### Task item
In the records below, find the line containing "cost a fortune.'" and retype it and every line after it exactly, adding nothing.

===== Supplied entries

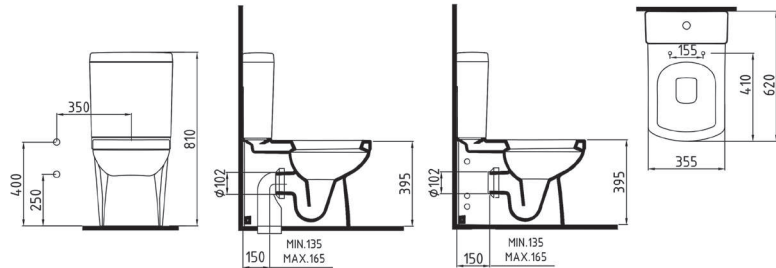

BACK TO WALL
CLOSE COUPLED
WC PAN 62 cm
GYKD06201VPOW5000
620mm

CISTERN 41 cm BOTTOM INLET
CPRS04101VDAW5000
410mm
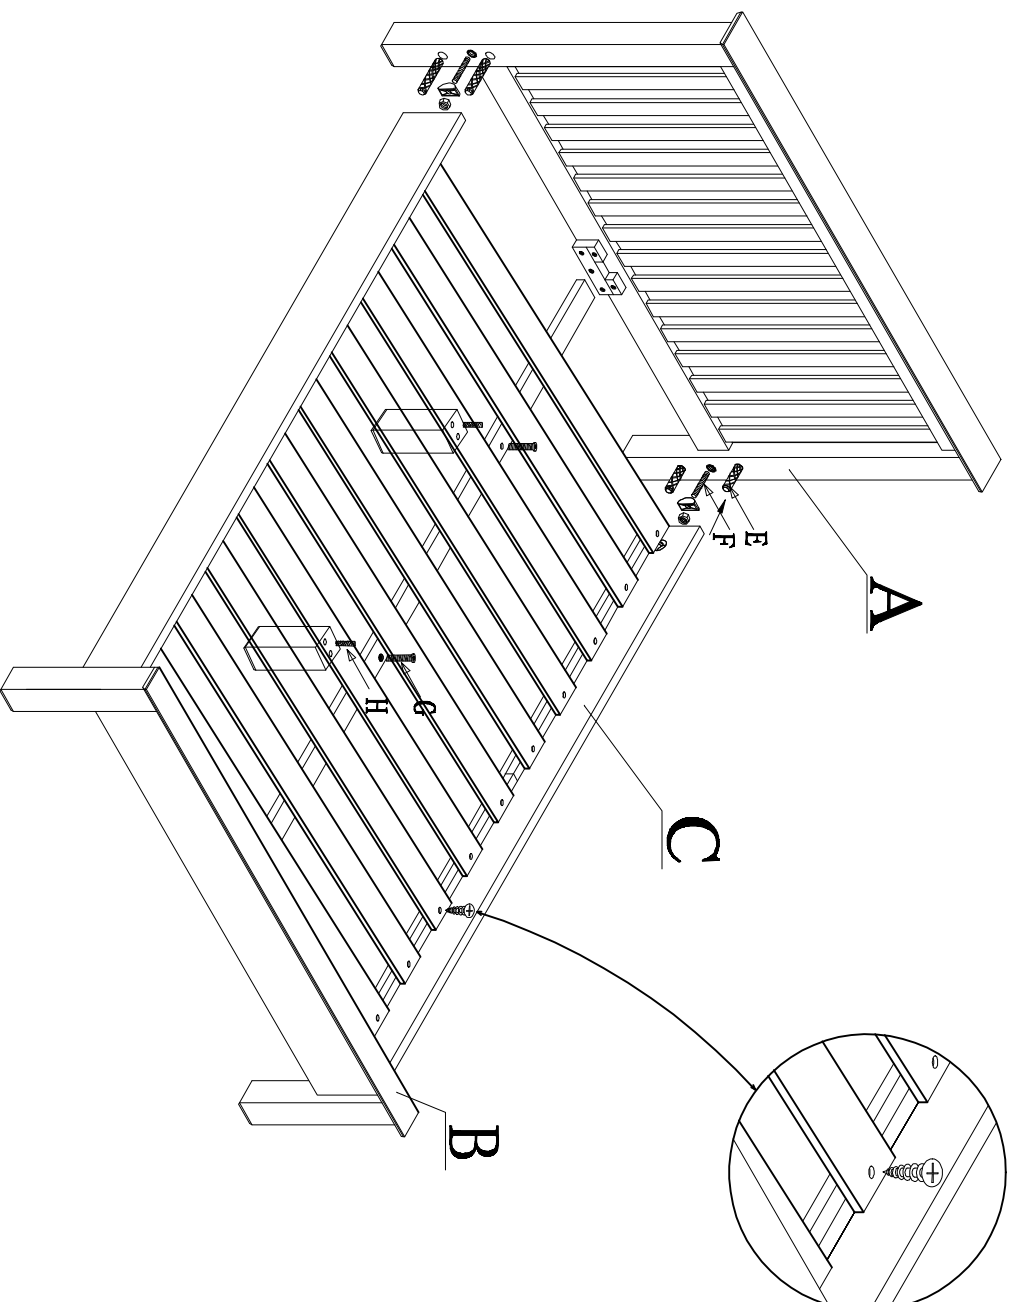

# SRD 4FT6IN LEE BED

Fortune Woods

'Quality furniture that doesn't cost a fortune.'

## FITTINGS

Assembly		Hexa Bolt	
	× 4		× 2
Hexa Wrench	× 1	Spanner	× 1
	× 1		× 1
Ø12 Wood Dowel	× 1	Ø10 Wood Dowel	× 2
	× 8		× 2
Ø12 × 60	× 8	Ø10 × 40	× 2
Screw	× 40		
	× 40		
M4×25	× 40

==========

### Expected output
'Quality furniture that doesn't cost a fortune.'

## FITTINGS

Assembly		Hexa Bolt	
	× 4		× 2
Hexa Wrench	× 1	Spanner	× 1
	× 1		× 1
Ø12 Wood Dowel	× 1	Ø10 Wood Dowel	× 2
	× 8		× 2
Ø12 × 60	× 8	Ø10 × 40	× 2
Screw	× 40		
	× 40		
M4×25	× 40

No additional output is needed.